Daddy had got Uncle Durwood all wrapped up in quilts and blankets and put him in the armchair, and had the boys carry him like that out from the house, and place his chair right close up to the fire and the trough, so he could supervise the whole operation—see, Durwood was the one that loved a stir-off so good. He was the one that planted the cane each year and decided when the stir-off would take place, and went up and down the valley telling folks to come. After he died, nobody planted any cane, and the stir-offs were over and done with. That last year, Daddy had them put him right up in the middle of the action, and bade them fetch another chair from the house to put his feet on, so Durwood was real comfortable when the folks started coming.
To tell you the honest-to-God truth, I remember all of this like it was yesterday. Maybe because it was the last big old time we ever had around the place, for it was soon after that Durwood died, and then Mamma, and Tampa went off her head. So that stir-off has come to stand for a lot in my mind, all the good times we had growing up here, and all the things we done together, all that hard work and fun and music, I mean, the way we lived then. The last time I saw Katie, she said she felt the exact same way about it, she said that stir-off stood out in her mind too.
For I'll tell you, folks are not the same anymore,
families
are not the same anymore. Of course I am grateful that Buddy has done so well and all, but a big family night at our house these days is when Buddy and me and Gladys take the kids and ride over to Bristol and eat at Jack Trayer's Restaurant. Gladys always gets the same thing at Jack Trayer's, spaghetti, and Buddy always gets the twelve-ounce rib-eye steak. Then we go to a movie. These family nights are not a thing like a stir-off, for instance, although of course they are more modern. I don't expect that Sugar and Buddy Junior will remember them in particular either. I wouldn't if I was them. It is nothing like standing out in the meadow in the forty-degree cold, clapping your hands together to keep warm, waiting on it to get dark, watching them press the cane.
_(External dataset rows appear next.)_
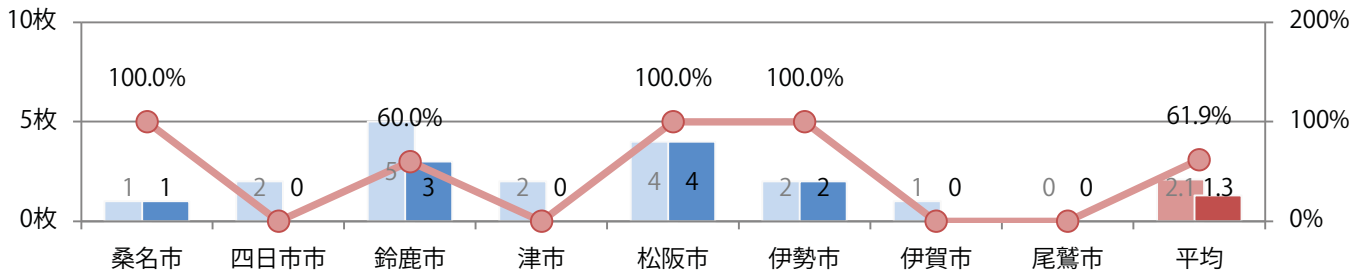

■ 地区別折込枚数・前年比

■ 2020年 ■ 2021年 ● 前年比

■ 曜日別構成比 (%)

■ 日 ■ 月 ■ 火 ■ 水 ■ 木 ■ 金 ■ 土

■ サイズ別構成比 (%)

■ B 1 ■ B 2 ■ B 3 ■ B 4 ■ B 4未満 ■ 特殊

■ 色数別構成比 (%)

■ 1c/0c ■ 1c/1c ■ 2c/0c ■ 2c/1c ■ 2c/2c ■ 4c/0c ■ 4c/1c ■ 4c/2c ■ 4c/4c

金曜が最も多く、次いで火曜が多い。B4サイズが7割を占め、他はB4未満のみ。
両面フルカラーは80%。

月別折込枚数（県内8地区平均）

年間最多枚数 年間最少枚数

	1月	2月	3月	4月	5月	6月	7月	8月	9月	10月	11月	12月
2021年	0.9	1.0	1.4	1.9	1.5	1.4	1.3					
2020年	1.6	1.8	0.8	0.3	0.3	1.5	2.1	1.9	1.8	1.8	1.8	1.5
2019年	1.4	1.3	1.6	1.6	1.1	2.1	1.9	1.4	2.0	2.0	2.0	2.4

地区別折込枚数・前年比

2020年 2021年 前年比

曜日別構成比 (%)

日 月 火 水 木 金 土

サイズ別構成比 (%)

B 1 B 2 B 3 B 4 B 4未満 特殊

色数別構成比 (%)

1c/0c 1c/1c 2c/0c 2c/1c 2c/2c 4c/0c 4c/1c 4c/2c 4c/4c
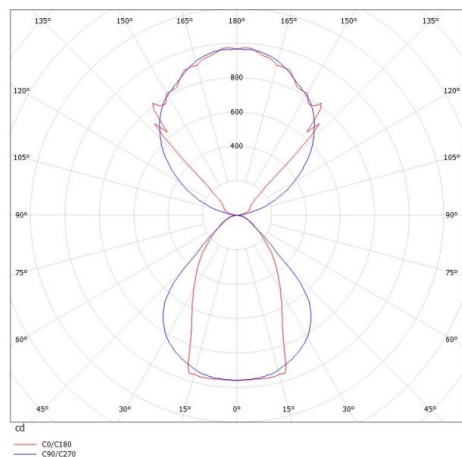

LOG OUT UP & DOWN

581-40105mp

LOG OUT UP/DOWN W LUMINAIRE EN SAILLIE POUR MUR en profilé d'aluminium extrudé, blanc, RAL 9016, diffuseur microprismatique en PMMA pour une réduction optimale de l'éblouissement émission direct/indirect, avec driver, gradation: non dimmable, IP20

ILLUSTRATION

DONNÉES TECHNIQUES

Puissance système [W]	42
Source lumineuse	LED
Flux lumineux [lm]	3690
Température de couleur [K]	4000K
IRC	>80
Optique	diffuseur microprismatique
Driver	avec driver
Gradation	non dimmable
Emission de lumière	direct/indirect
Tension [V]	220-240V 50/60Hz
Matériel	profilé d'aluminium extrudé
Longueur [mm]	870
Largeur [mm]	60
Hauteur [mm]	144
Indice de protection [IP]	IP20
Classe de protection	classe de protection I
Poids net [kg]	5,14
Couleur luminaire	blanc
RAL	9016
N° EAN	9008905211409
Durée de vie [h]	L80 B10 50 000

COURBE PHOTOMÉTRIQUE

Les valeurs indiquées sont des valeurs assignées. La puissance et le flux lumineux sous soumis à une tolérance d'environ 10 %. Tolérance de la température de couleur : +/- 150 K. Sauf indication contraire, les valeurs s'appliquent à une température ambiante de 25 °C.
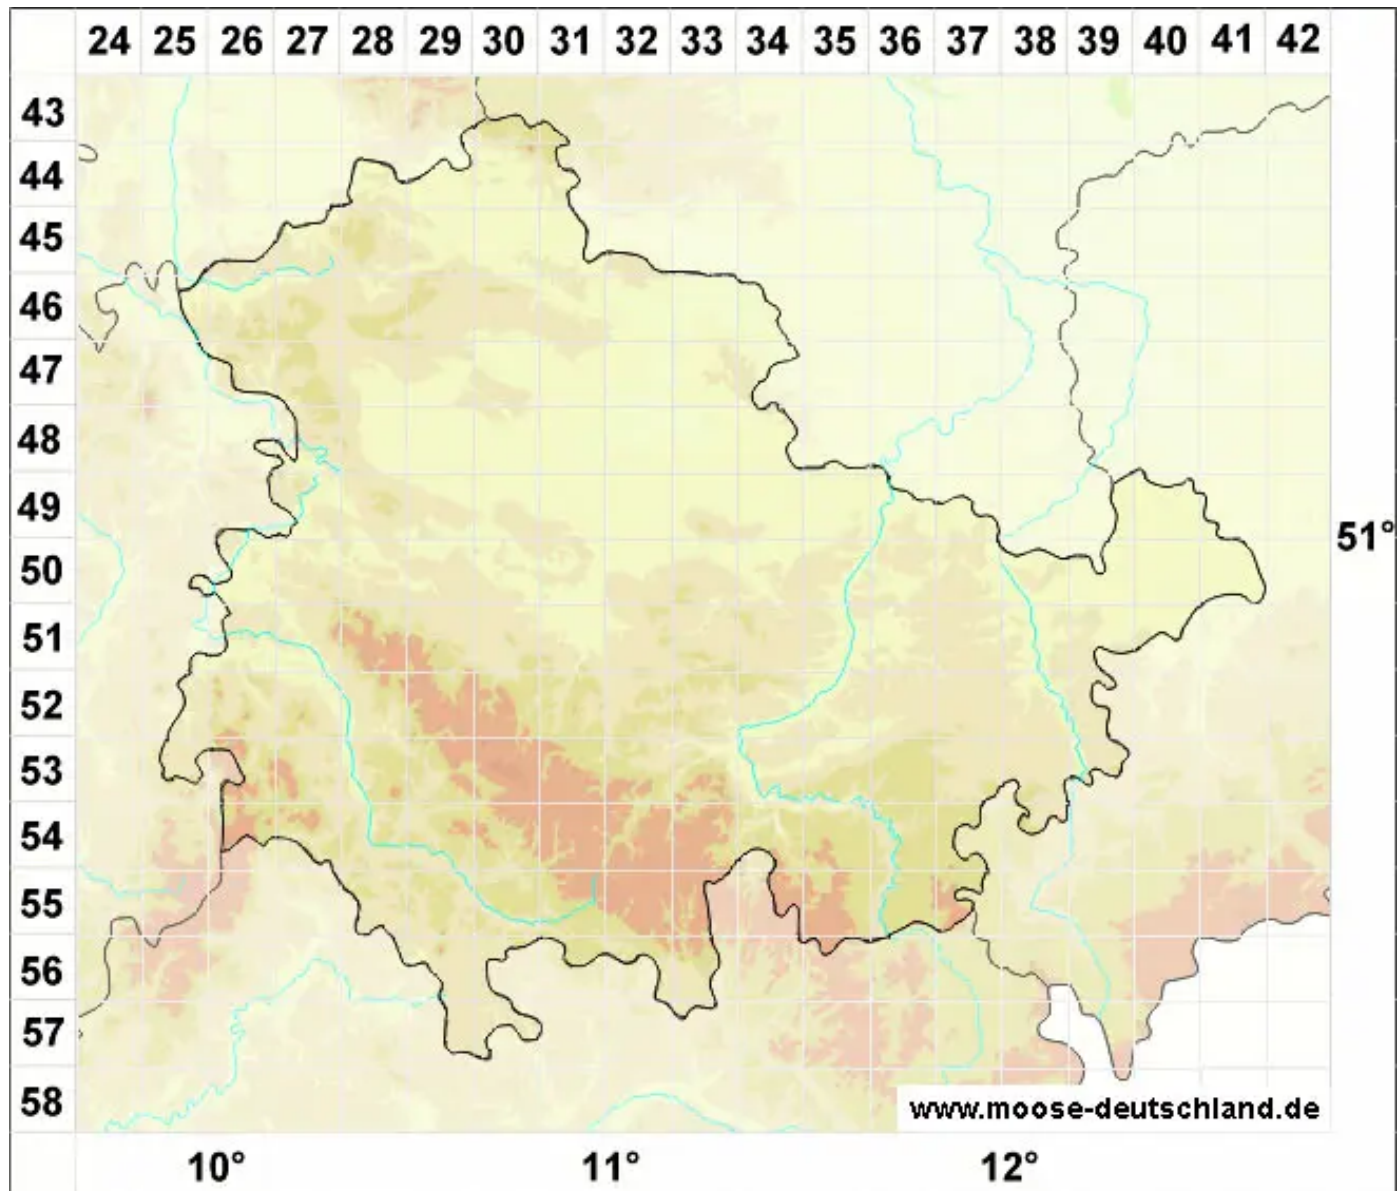

Grimmia alpestris (F.Weber & D.Mohr) Schleich.

Alpen-Kissenmoos

Legende:

- Symbole:**
- Ausgefülltes Symbol:
Zeitraum von 1980 bis heute (Aktuelle Angabe)
 - Leeres Symbol:
Zeitraum vor 1980 (Altangabe)
 - Quadrat: Herbarbeleg
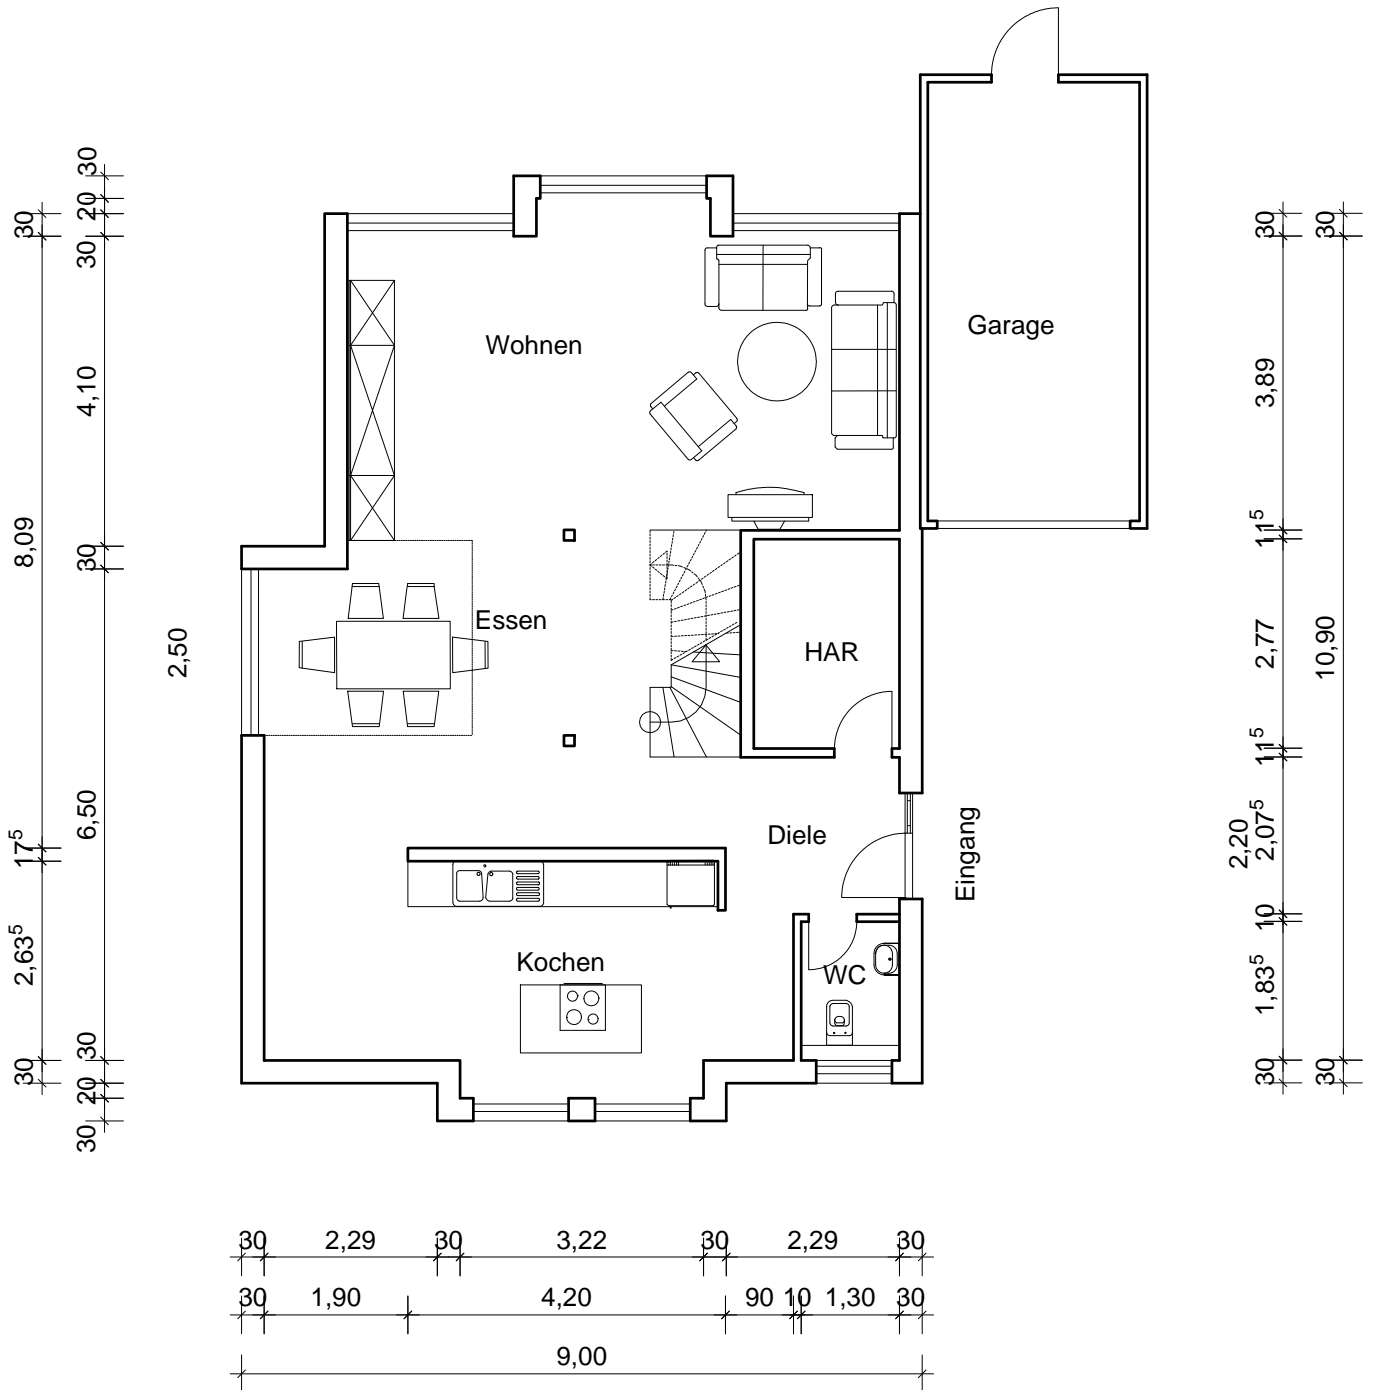

Erdgeschoss

	Wohnfläche	Grundfläche
Wohnen/Essen	53,5 m ²	53,5 m ²
Kochen	19,3 m ²	19,3 m ²
Diele	4,5 m ²	4,5 m ²
WC	2,3 m ²	2,3 m ²
HAR	5,4 m ²	5,4 m ²
gesamt	85,0 m ²	85,0 m ²

Erdgeschoss
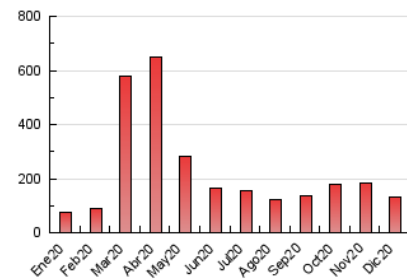

Páginas (x 1000)

When Mamma called us in to supper, I couldn't eat a bite. Mamma looked at me closely. “You can't go back out there if you don't eat something,” she said, but when she turned her back I put my plate on the floor for a minute and let the dogs have it all.
By the time I got back up to the meadow, trailing Bill, who could run like the wind, the other boys had brung Durwood out and placed him to watch the syrup bubbling over the fire.
Where was Johnny?
Folks took turns stirring the syrup and skimming the green foam that rose to the top. The sky got darker and darker and a wind rose up. The hoot owls started hollering.
Where was Johnny?
More and more folks came walking up from the valley, carrying lantern lights and little pans or crocks to take their own molasses home in, and them that played an instrument brought it, so that it wasn't long before music rang out on the chilly air, and set everybody to singing, “
I'll eat when I'm hungry and drink when I'm dry, if a tree don't fall on me, I'll live till I die
.” Some of the younger ones were running a set on the ground.
Where was Johnny?
I looked from face to face. Folks were dancing up a storm. Soon they started skimming the molasses. You were not supposed to eat the green foam, which would make you sick for sure, but all the kids were allowed to dip cane stalks down in the stir-off pan to get some sweetening, as Mamma always called it. You'd have to wave your stalk around in the air to cool it off before you licked the sweetening, or you'd burn your tongue. Every year, some little kids did that. Every year, old man Rupert Lowe got knee-walking drunk, for by the time it got full dark, there was some drinking among the men, though we were not supposed to know it.